Extreme Learning Machine Based on Calculating the Output Weight of Partial Robust M-regression
Author(s) -
Gongcheng Yao,
Gaitang Wang
Publication year - 2021
Publication title -
journal of physics. conference series
Language(s) - English
Resource type - Journals
SCImago Journal Rank - 0.21
H-Index - 85
eISSN - 1742-6596
pISSN - 1742-6588
DOI - 10.1088/1742-6596/1848/1/012148
Subject(s) - extreme learning machine , support vector machine , artificial intelligence , generalization , algorithm , computer science , regression , matrix (chemical analysis) , machine learning , online machine learning , mathematics , unsupervised learning , artificial neural network , statistics , mathematical analysis , materials science , composite material
In order to improve the nonlinear mapping capability and learning performance of extreme learning machine (ELM), a new learning algorithm called extreme learning machine based on calculating the output weight of partial robust M-regression is proposed.

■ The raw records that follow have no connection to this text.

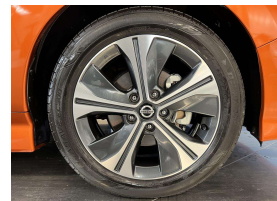

Wholesale Cars Direct

2021 Nissan Leaf XV Selection 40kwh - English Dash Upgrade - Grade

Stock ID 16820

Engine 0 cc, Electric

Body Hatchback

Odometer 13,170 km

Interior 0

Transmission Automatic

Welcome to Wholesale Cars Direct.
WCD is quality, WCD is service, it is who we are.

A premium spec Leaf with a premium grade auction sheet that Wholesale cars Direct is known to bring into NZ so consistently. Better presented vehicles overall. Comes with Dash/Stereo converted into English, 88.5% State of Health, 133 quick charges, 88 long charges, 10 airbags, Heated steering wheel, Forward collision warning, Heated front seats, Factory Bluetooth handsfree, Music streaming, Apple Car Play/Android Auto, Reverse Camera, 360 Camera, Pro Pilot, Radar cruise control, Heated steering wheel, Front parking sensors, Proximity Key - Push button start, Paddle shift tiptronic, 17" factory alloy wheels. We also supply a Deluxe NZ spec 8 amp charger cable with delayed start, LCD

This algorithm introduces the partial robust M-regression into the extreme learning machine algorithm. Firstly, the hidden layer output matrix H is calculated by extreme learning machine. Secondly, the matrix H and vector Y are weighted by weighted strategy. Then, PRM algorithm is used to establish the regression model between the weighted matrix Hw and vector Yw , and calculate its regression coefficient, namely output weight of the ELM Algorithm. The proposed method predicts the Mackay’s robot arm regression and sediment concentration of the Yellow River Basin to verify the effectiveness of the method. The simulation results show that the proposed PRMELM algorithm is superior to the original extreme learning machine algorithm in prediction accuracy and generalization performance.